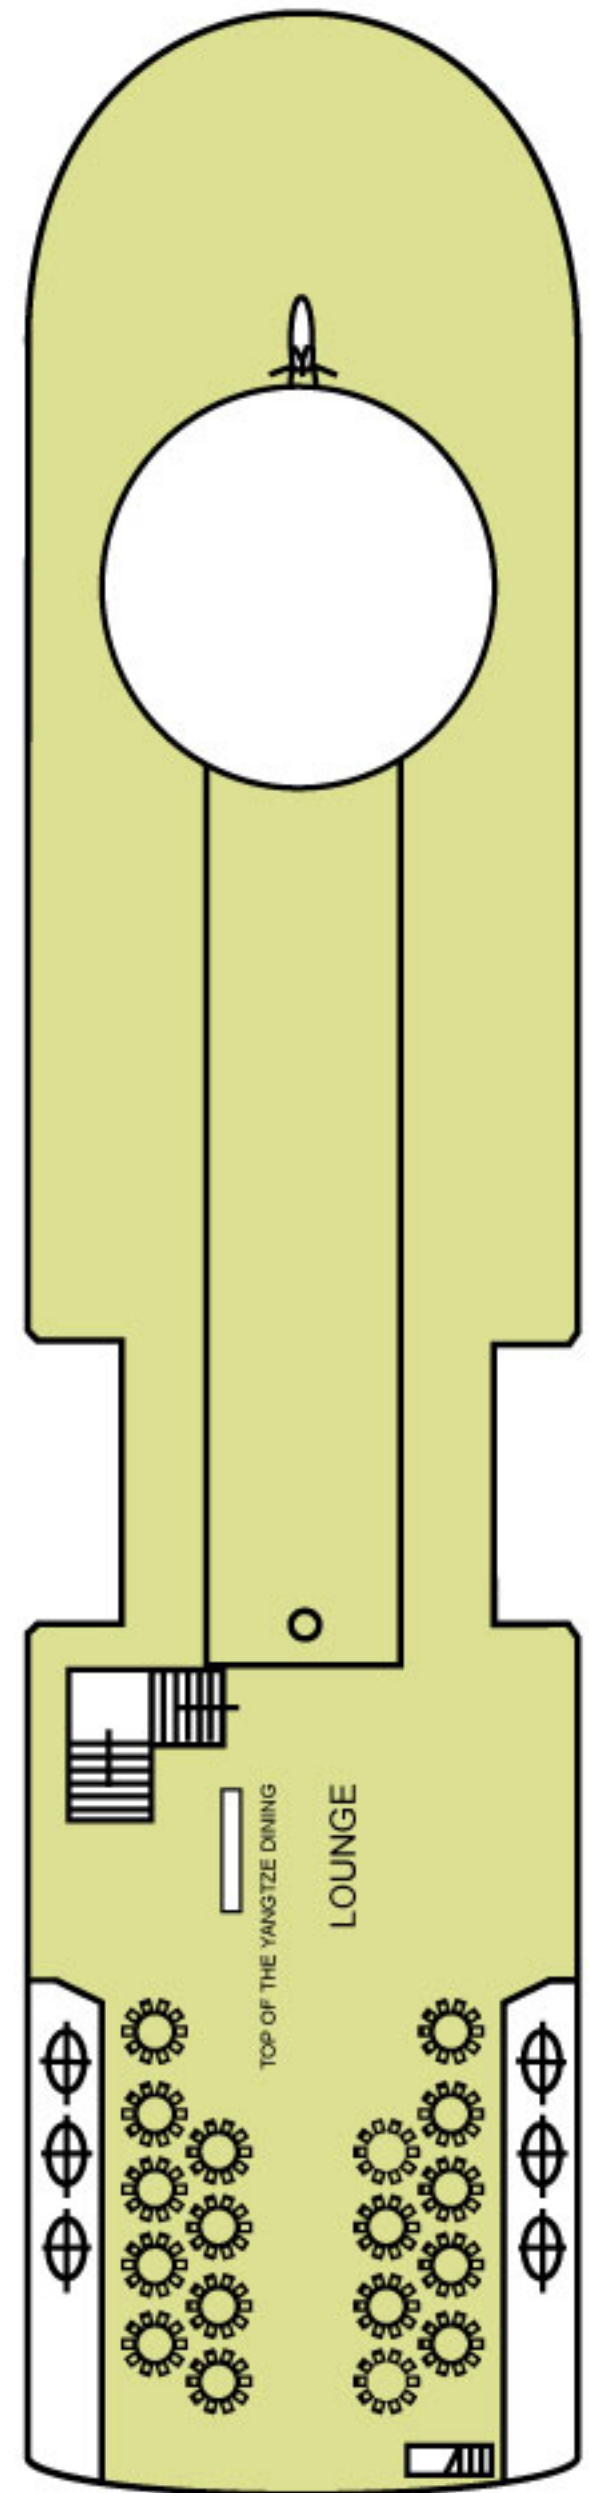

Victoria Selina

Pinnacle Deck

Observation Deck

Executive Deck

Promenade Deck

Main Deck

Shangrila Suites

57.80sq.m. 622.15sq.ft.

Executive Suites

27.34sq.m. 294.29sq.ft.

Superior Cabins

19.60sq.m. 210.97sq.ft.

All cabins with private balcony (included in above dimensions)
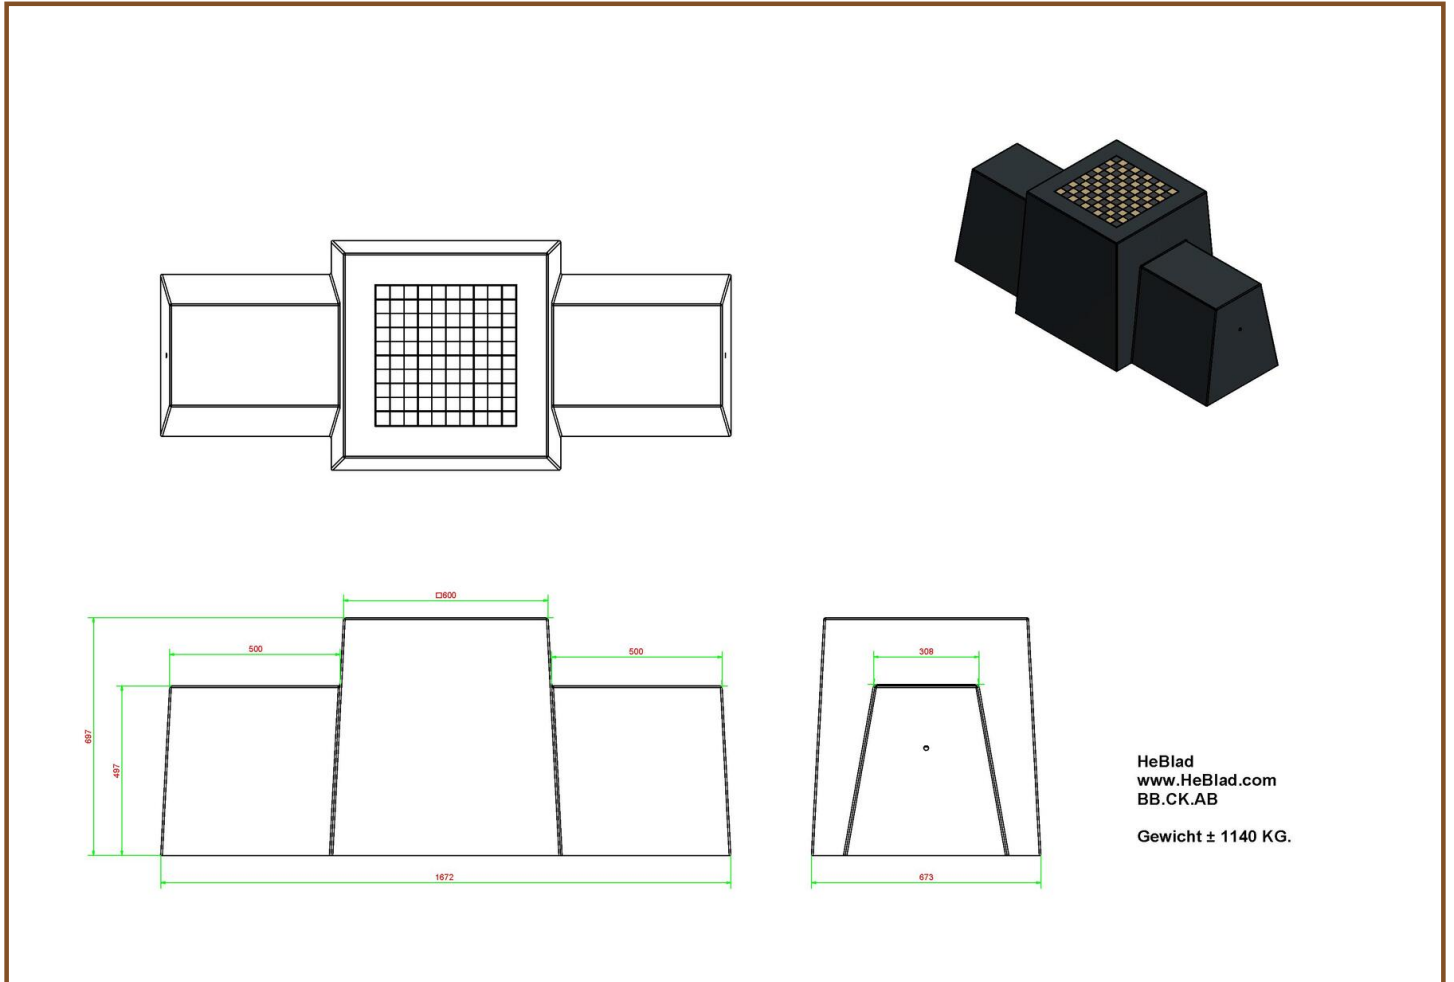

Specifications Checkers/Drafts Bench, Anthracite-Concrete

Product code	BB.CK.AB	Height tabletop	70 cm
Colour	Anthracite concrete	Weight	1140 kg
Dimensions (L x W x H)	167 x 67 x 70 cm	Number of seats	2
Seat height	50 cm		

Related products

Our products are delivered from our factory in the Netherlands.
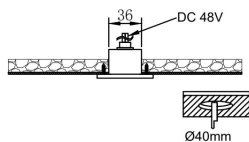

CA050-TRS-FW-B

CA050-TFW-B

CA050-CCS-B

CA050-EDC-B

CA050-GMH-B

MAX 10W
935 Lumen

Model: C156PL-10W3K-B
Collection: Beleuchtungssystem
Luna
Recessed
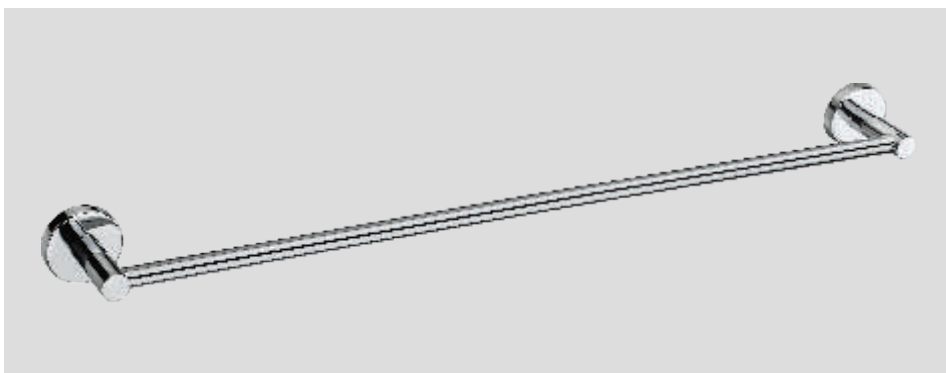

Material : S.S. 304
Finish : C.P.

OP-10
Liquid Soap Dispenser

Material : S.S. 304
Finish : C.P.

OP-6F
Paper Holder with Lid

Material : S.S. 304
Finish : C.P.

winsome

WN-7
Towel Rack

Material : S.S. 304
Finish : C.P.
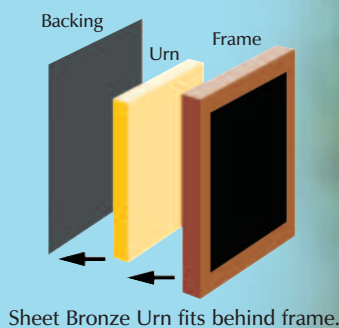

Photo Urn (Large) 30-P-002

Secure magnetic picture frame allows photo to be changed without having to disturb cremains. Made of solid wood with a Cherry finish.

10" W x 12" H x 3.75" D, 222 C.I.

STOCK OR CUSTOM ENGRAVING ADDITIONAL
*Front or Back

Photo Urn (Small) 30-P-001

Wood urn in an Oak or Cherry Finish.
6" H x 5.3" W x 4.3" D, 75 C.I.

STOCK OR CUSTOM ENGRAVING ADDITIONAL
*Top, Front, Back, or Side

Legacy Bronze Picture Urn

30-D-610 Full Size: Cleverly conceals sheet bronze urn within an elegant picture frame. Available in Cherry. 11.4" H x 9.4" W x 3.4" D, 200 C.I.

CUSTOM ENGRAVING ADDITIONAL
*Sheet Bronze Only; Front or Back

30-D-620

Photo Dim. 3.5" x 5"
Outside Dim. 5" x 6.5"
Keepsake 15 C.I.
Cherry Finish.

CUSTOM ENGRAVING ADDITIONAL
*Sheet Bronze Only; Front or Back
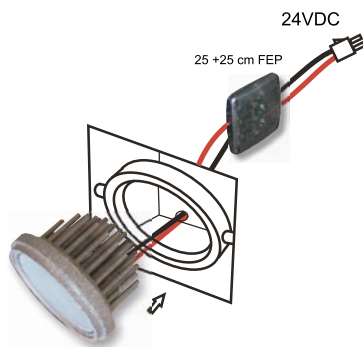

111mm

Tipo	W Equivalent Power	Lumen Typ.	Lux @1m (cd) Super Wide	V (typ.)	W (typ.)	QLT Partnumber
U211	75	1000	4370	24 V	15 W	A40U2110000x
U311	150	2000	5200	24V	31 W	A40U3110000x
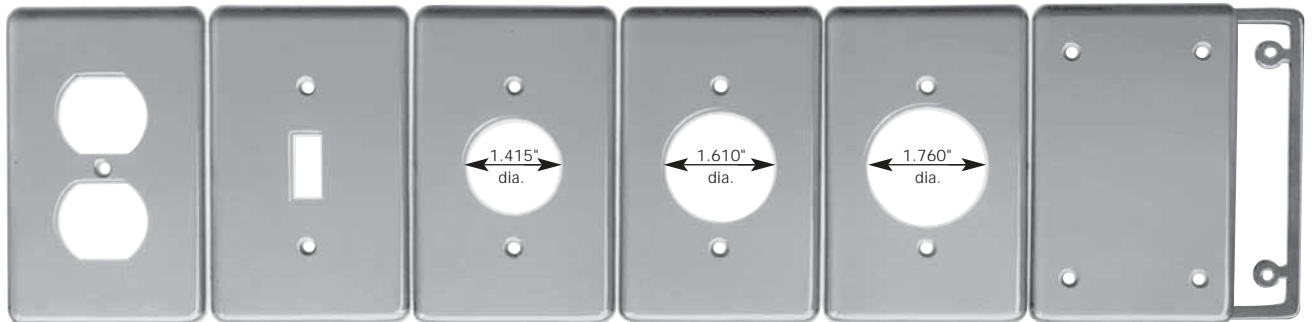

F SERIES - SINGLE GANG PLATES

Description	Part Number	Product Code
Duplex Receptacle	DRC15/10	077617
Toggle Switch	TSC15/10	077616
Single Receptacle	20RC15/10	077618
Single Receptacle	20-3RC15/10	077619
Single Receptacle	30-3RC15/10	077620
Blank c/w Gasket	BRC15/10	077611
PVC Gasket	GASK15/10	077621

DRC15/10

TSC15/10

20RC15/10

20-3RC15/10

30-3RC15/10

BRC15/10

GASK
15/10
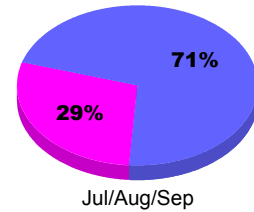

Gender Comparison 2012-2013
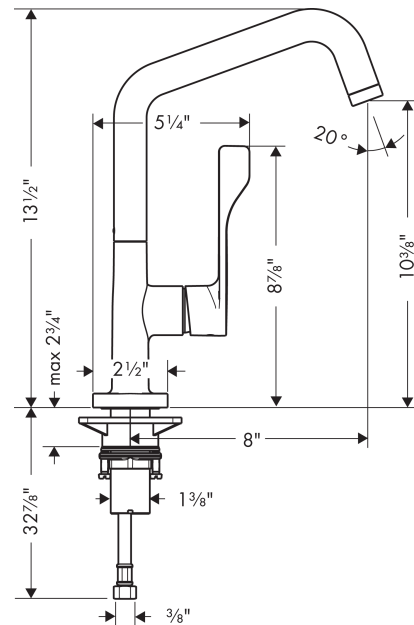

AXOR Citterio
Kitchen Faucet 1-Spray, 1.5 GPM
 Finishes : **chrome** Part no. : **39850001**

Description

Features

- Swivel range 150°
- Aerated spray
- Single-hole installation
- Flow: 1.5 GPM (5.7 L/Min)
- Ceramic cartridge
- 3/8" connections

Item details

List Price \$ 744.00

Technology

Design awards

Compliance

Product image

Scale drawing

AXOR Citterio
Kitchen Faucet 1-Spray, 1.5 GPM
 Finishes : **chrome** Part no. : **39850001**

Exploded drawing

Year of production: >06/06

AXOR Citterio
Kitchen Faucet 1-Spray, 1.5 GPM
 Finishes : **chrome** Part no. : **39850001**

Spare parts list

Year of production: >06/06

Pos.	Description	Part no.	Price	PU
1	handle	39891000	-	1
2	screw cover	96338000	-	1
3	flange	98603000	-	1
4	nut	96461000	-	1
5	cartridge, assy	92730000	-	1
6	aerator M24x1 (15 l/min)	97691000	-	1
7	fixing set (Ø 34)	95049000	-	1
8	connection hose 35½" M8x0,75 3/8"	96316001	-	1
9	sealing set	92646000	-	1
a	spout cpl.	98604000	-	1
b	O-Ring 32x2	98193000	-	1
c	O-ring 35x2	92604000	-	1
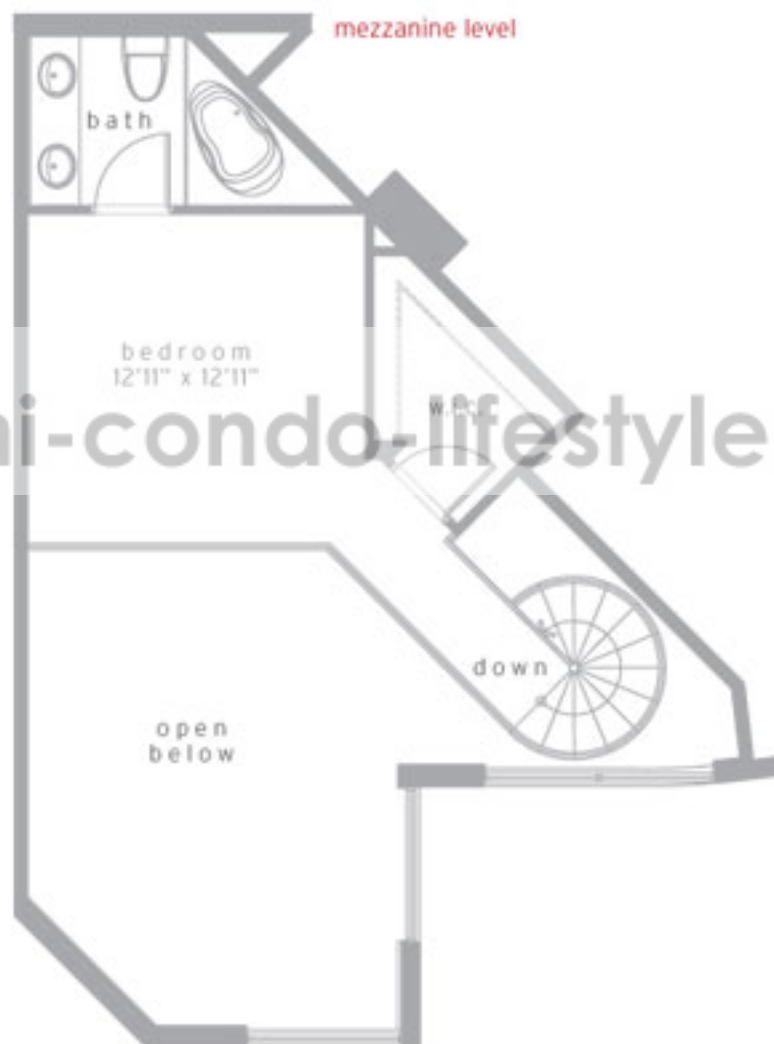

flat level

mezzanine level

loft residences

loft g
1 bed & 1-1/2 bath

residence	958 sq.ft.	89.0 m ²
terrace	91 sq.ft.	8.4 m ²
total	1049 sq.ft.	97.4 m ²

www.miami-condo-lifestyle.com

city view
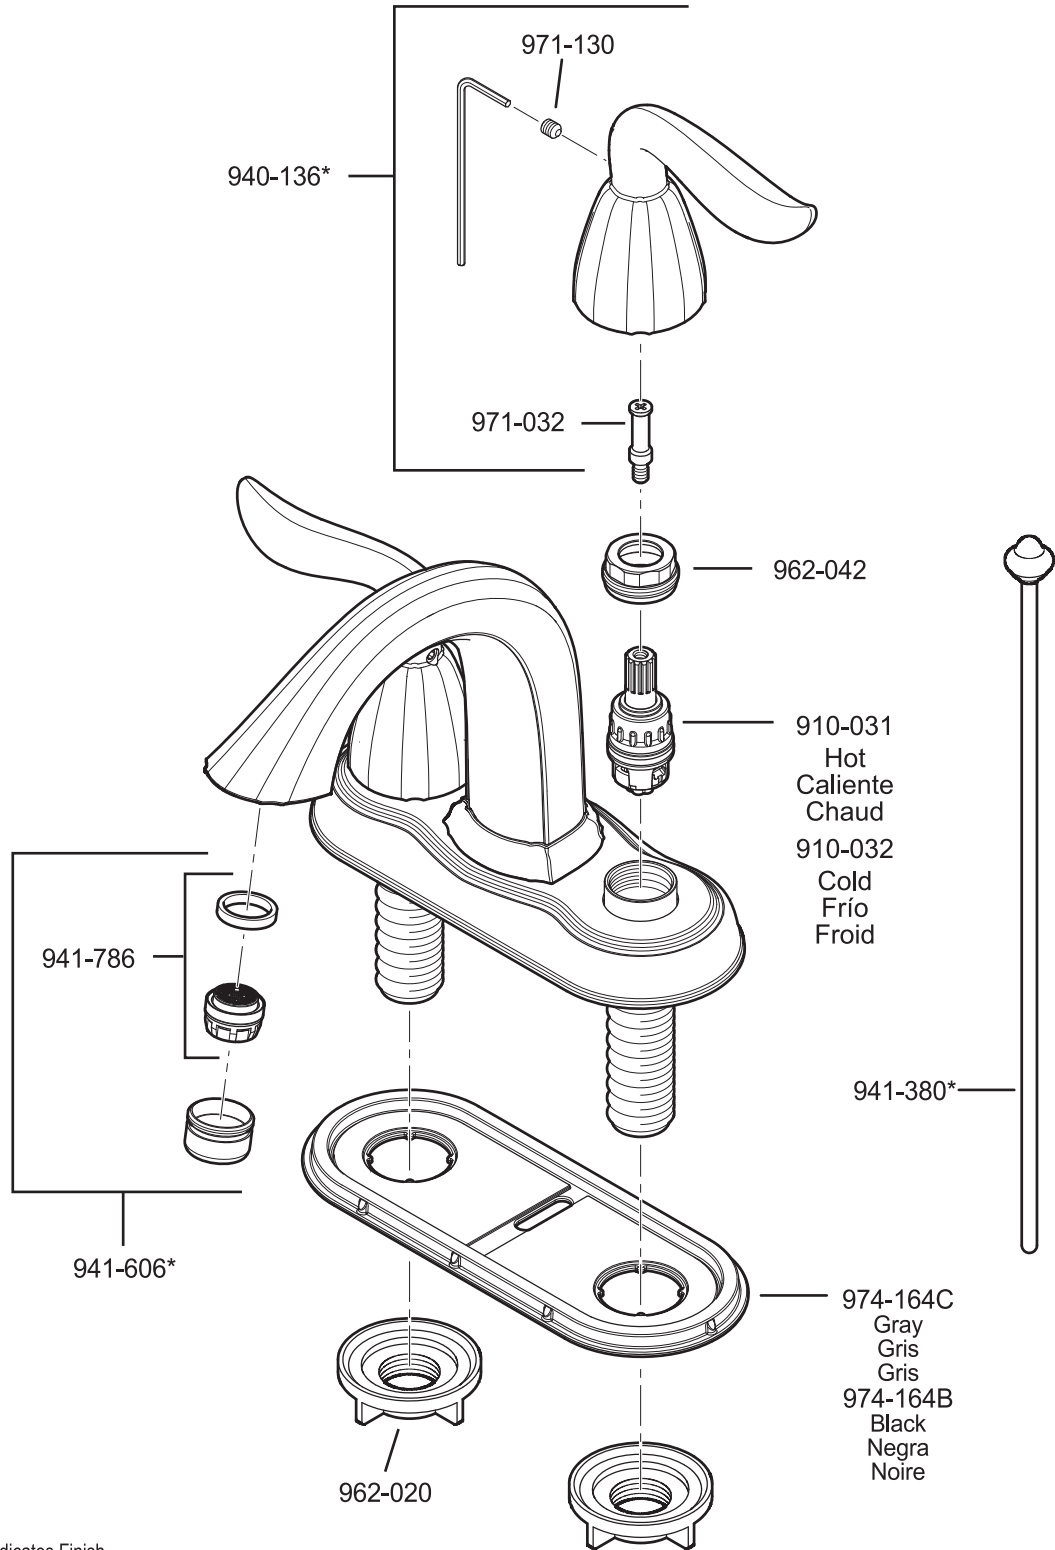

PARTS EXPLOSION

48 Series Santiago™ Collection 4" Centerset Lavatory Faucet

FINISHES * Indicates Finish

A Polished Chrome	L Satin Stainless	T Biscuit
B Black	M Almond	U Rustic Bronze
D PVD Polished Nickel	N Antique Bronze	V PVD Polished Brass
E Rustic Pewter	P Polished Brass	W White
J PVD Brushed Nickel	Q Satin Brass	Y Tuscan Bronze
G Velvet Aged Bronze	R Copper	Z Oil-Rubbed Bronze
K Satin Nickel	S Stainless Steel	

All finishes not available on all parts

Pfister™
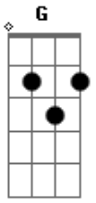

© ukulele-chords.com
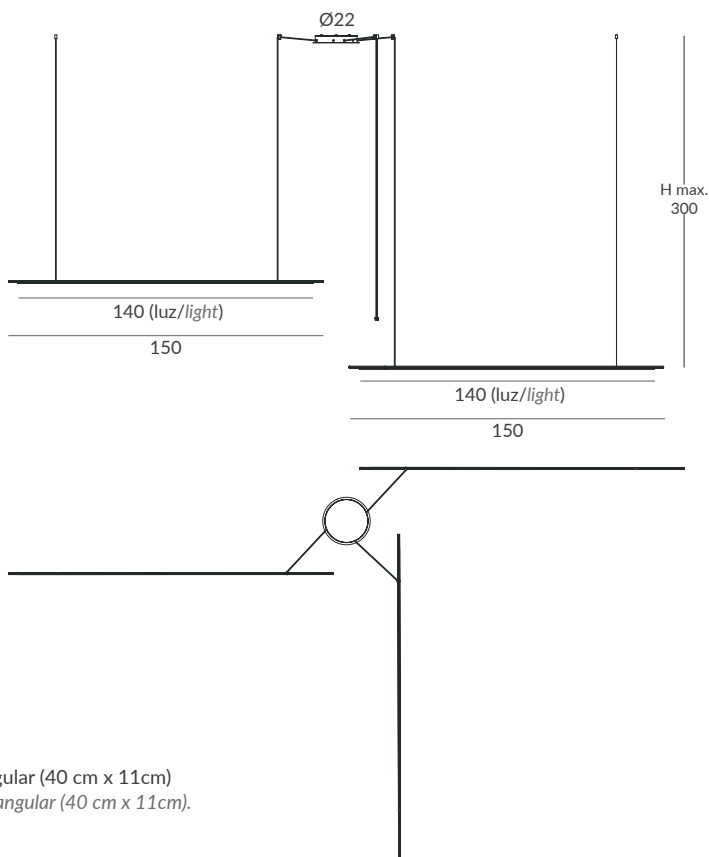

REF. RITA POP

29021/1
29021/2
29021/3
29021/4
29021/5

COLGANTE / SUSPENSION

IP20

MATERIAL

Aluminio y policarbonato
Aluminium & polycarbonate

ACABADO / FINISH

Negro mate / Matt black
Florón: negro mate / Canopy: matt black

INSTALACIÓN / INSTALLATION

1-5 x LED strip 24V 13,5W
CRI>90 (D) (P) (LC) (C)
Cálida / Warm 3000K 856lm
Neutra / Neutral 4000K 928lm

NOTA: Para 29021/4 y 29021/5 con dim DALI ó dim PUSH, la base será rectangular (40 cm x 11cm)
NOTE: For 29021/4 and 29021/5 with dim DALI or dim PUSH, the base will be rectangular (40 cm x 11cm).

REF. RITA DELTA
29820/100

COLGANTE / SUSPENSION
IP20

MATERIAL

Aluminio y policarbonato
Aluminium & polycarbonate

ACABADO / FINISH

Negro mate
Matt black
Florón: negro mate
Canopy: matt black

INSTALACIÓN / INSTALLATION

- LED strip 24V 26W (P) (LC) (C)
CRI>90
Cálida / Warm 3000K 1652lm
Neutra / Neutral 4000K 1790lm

++++

Your objective:
Filter the data above, keeping only lines that include the string "Price".

Exercise solution:
List Price \$ 744.00
Pos.	Description	Part no.	Price	PU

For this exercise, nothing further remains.